Relationship Destruction
Triangulation doesn't just damage the primary relationship—it destroys trust in multiple relationships:
- Friendships: When friends are used as flying monkeys or comparison tools, you lose trust in those friendships
- Family bonds: Relatives recruited as validators become complicit in the abuse, damaging family relationships
- New relationships: After experiencing triangulation, you may struggle to trust future partners or fear being compared
The manipulator's tactic creates ripple effects far beyond the primary relationship.
Erosion of Reality Testing
Perhaps most damaging is the impact on your ability to trust your own perceptions:
- You second-guess your feelings ("Maybe I am too sensitive")
- You doubt your memories ("Did I overreact? Maybe it wasn't that bad")
- You defer to others' judgment instead of your own
- You become dependent on external validation instead of internal knowing
This erosion of reality testing can persist long after the relationship ends, requiring dedicated therapeutic work to rebuild confidence in your own perceptions.
How to Recognize Triangulation
Red flags:
- You rarely have conflicts directly; there's always a third party involved
- You frequently hear "So-and-so thinks you..." or "I talked to [third party] and they agree with me"
- You feel like you're competing for your partner's attention with others
- Your partner shares intimate relationship details with people who shouldn't be involved
- You're often being compared unfavorably to ex-partners, friends, or hypothetical others
- Relationship decisions are outsourced to third parties (parents, friends, etc.)

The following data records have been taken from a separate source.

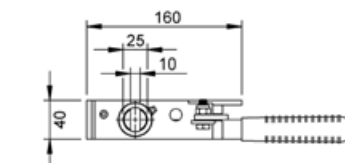

Artikelnr. 606 517 001

KAT54_DK(10/16)

Tekniske specifikationer er retningsgivende og uden garanti! Ret til ændringer forbeholdes.
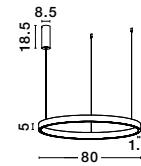

ELOWEN • 9345662

Dimmable
Brushed Silver Aluminum
& Acrylic
LED 60 Watt 220 Volt
2552Lm 3000K IP20
Up & Down Light
D: 60 H: 150 cm

ELOWEN • 9345666

Dimmable
Brushed Silver Aluminum
& Acrylic
LED 77 Watt 220 Volt
3323Lm 3000K IP20
Up & Down Light
D: 80 H: 150 cm

ELOWEN • 9345670

Dimmable
Brushed Silver Aluminum
& Acrylic
LED 106 Watt 230 Volt
4899Lm 3000K IP20
Up & Down Light
D: 98 H: 200 cm

LIGHT
UP &
DOWN
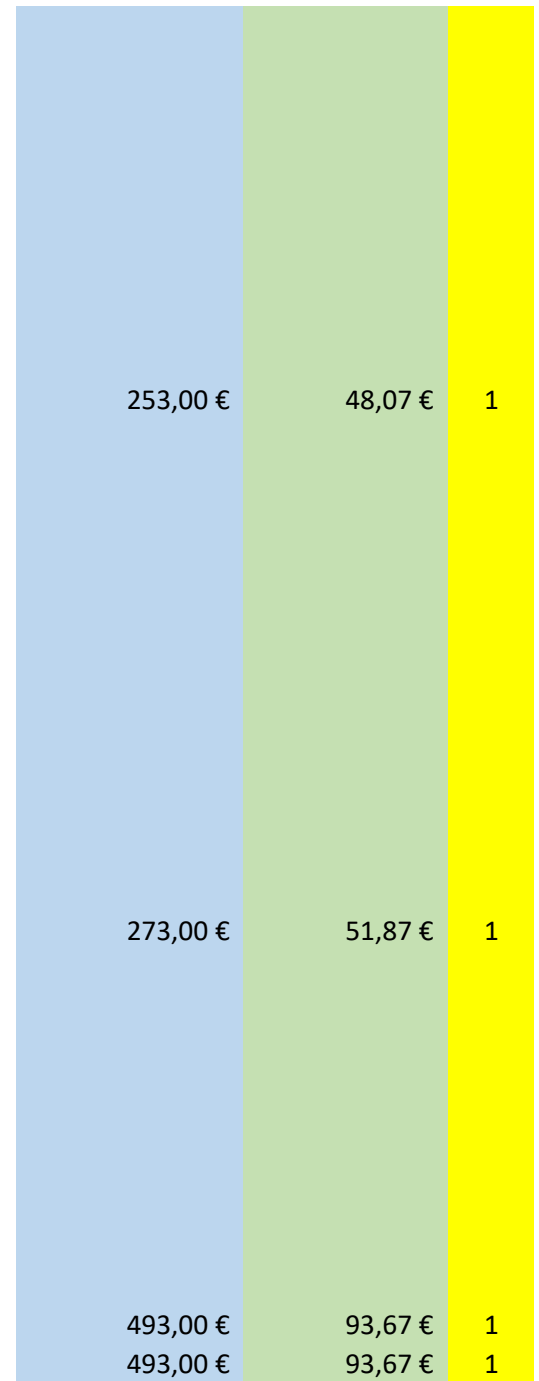

ABITO

44

00000001

BLUMARINE

493,00 €

93,67 €

1

ITALY
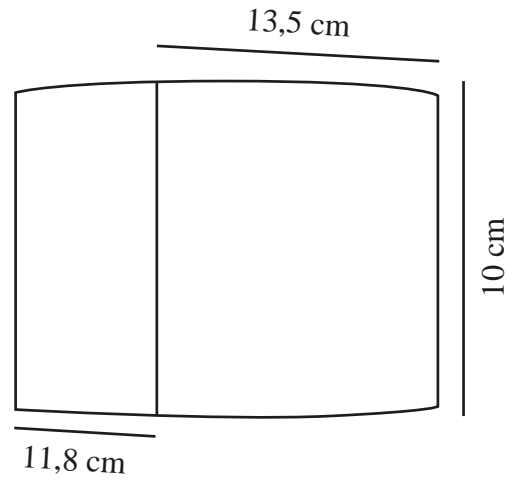

MILDA | VÆGLAMPE | SORT

2418351003

nordlux®

Spænding (V): 220-240 Volt
IP-vurdering: IP44
Klasse (klasse 1, klasse 2, klasse 3): Klasse 2 (Dobbelt isoleret)
Pærefatning: LED Module
Parallelforbindelse: True

Primært materiale: Aluminium
Sekundært materiale: Plast
Farve: Sort

Højde (cm): 10
Bredde (cm): 13.5
Projektion (cm): 11.8

EAN-nummer: 5704924017735
TUN: 2366819
Varenummer: 2418351003
Stk. pr. master-kasse: 3

Salgskasse, højde (cm): 11
Salgskasse, bredde (cm): 14.5
Salgskasse, dybde (cm): 12.5
Salgskasse, volumen (m³): 0.002
Nettovægt af produkt (kg): 0.3382

Lysstyrke (lumen): 290
Farvetemperatur (K): 3000K
Ra-værdi : 80
Levetid (timer): 25000
Energiklasse: F
Faktisk effekt (W): 4.9

- Enkelt og minimalistisk design
- Lyser både op og ned
- Lyseffekter inkluderet
- Parallelforbindelse mulig
- 5 års LED-garanti

Milda har et enkelt og minimalistisk design og giver en interessant lyseffekt både opad og nedad på væggen. Brug de indbyggede lysmasker til at skabe det lysmønster, du ønsker.

Nordlux
2418351003

A
B
C
D
E
F
G

F

5 kWh/1000h

2019/2015
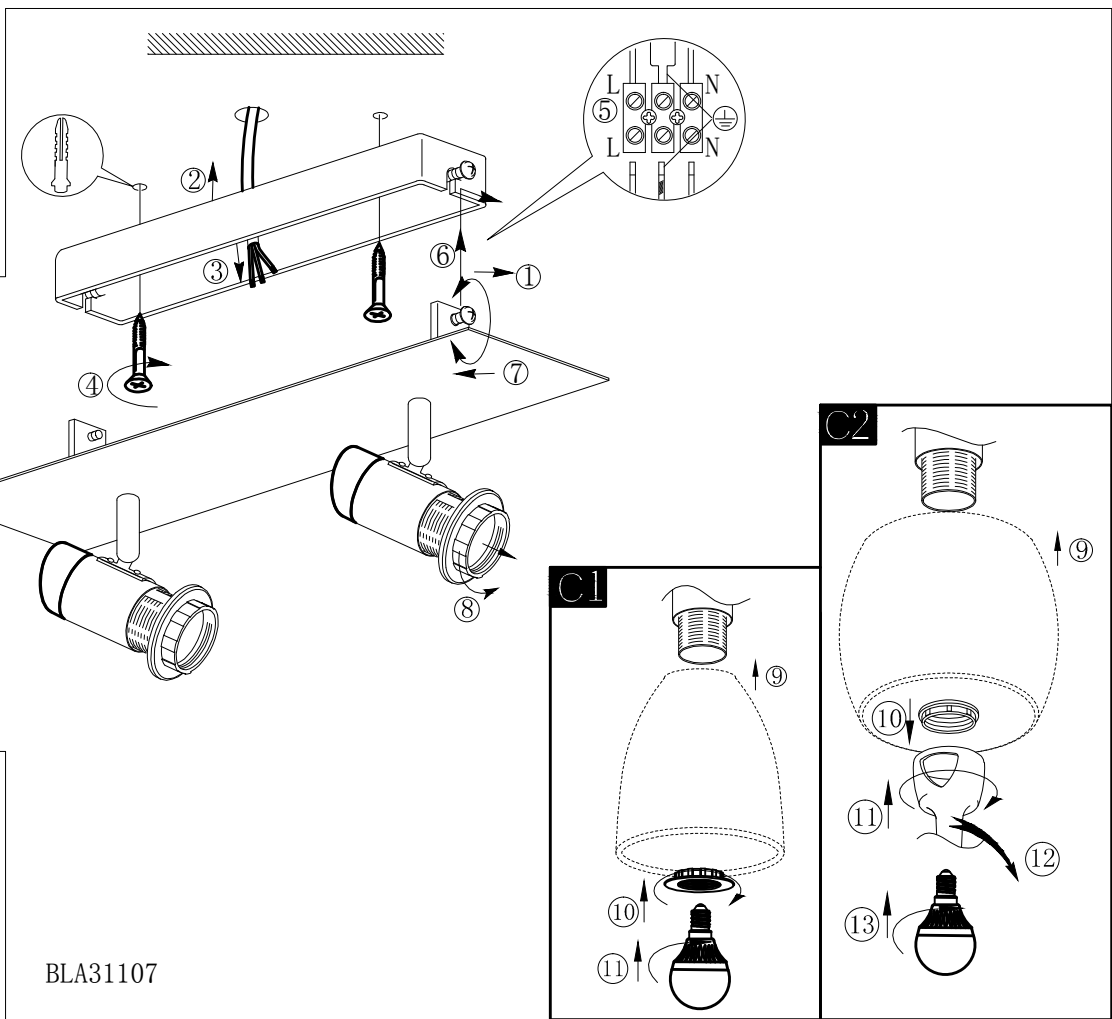

A

B

D

BLA31107

C1

C2

 东莞东进照明有限公司		名称	2010-044C两头壁灯	
绘图	何宝莲		货号	31107
校对			通用	
检查		版次	V:1.0	
审核		日期	20130508	
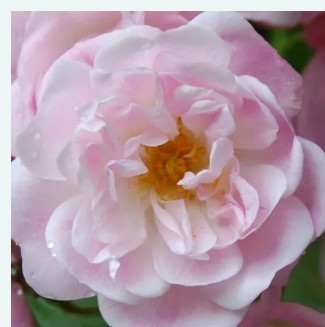

Rosa Belvedere

rosa claro - rosales antiguos - sempervirens
300-400 cm
rosa de fragancia intensa - mango - mango
Antoine A. Jacques
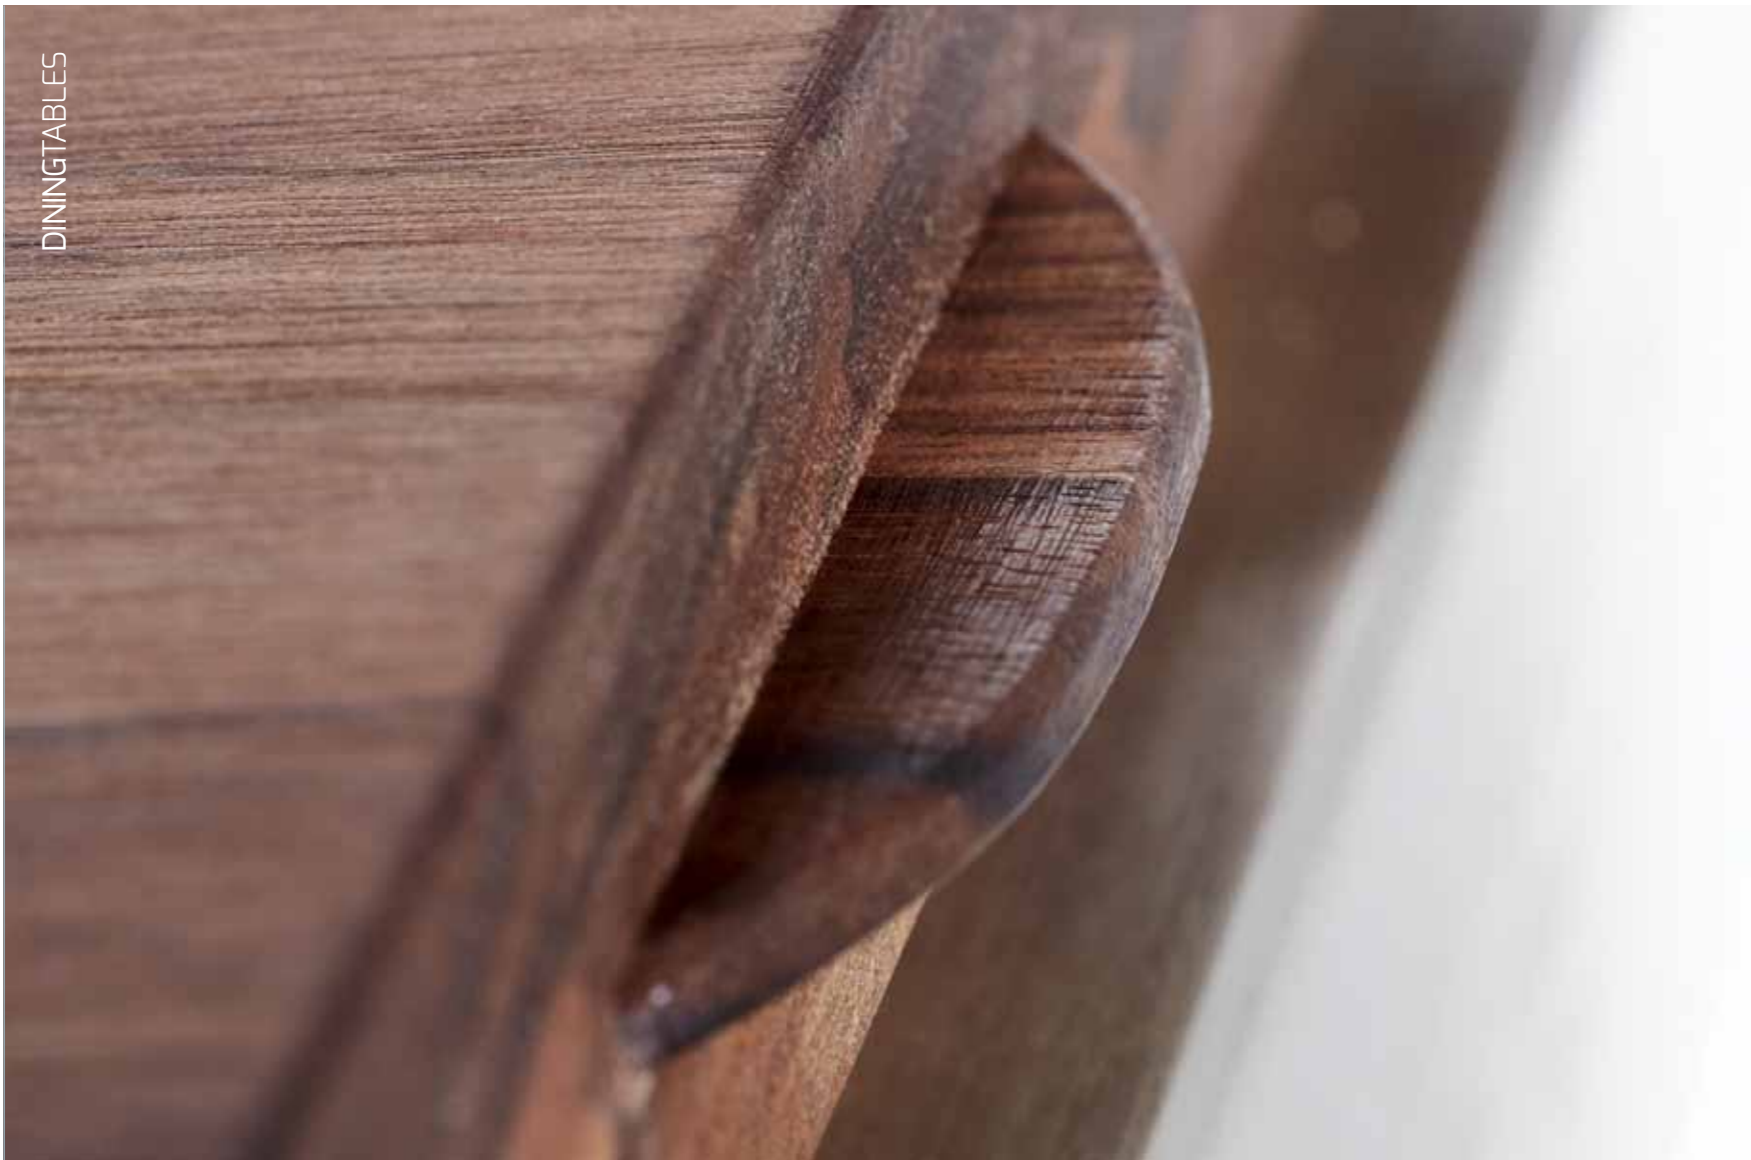

EKSKLUSIVE MATERIALER
OG DANSK HÅNDVÆRK
AF HØJESTE KVALITET.

HOS MØLBALLE ER
HVERT SOFABORD UNIKT.

16 **ROME** | Kompaktlaminat
Hvid med hvid kerne

Corian
Glacier White | **DUBLIN**

22 **FLORIDA** | Valnød
20mm

- Children deliver messages between you and your ex
- You feel like you're always outnumbered or "the only one who sees it this way"
- You notice the same patterns of comparison and competition across multiple relationships or contexts
- Third parties seem to have more influence over relationship decisions than you do
- You find yourself defending your perspective to people who weren't present and don't have complete information
Pattern recognition:
One or two instances don't necessarily indicate a pattern. Triangulation as abuse is:
- Frequent and consistent
- Used to avoid accountability
- Deliberately creates insecurity or competition
- Prevents direct, authentic communication
- Results in you feeling powerless or wrong
- Escalates when you attempt to set boundaries or assert needs
- Involves recruiting new third parties when old ones stop being useful
How to Respond to Triangulation
1. Name It
"I notice you often bring up what other people think about our relationship. I'd like us to discuss this directly between us."
Or in co-parenting:**
"Please communicate parenting decisions directly with me, not through the children."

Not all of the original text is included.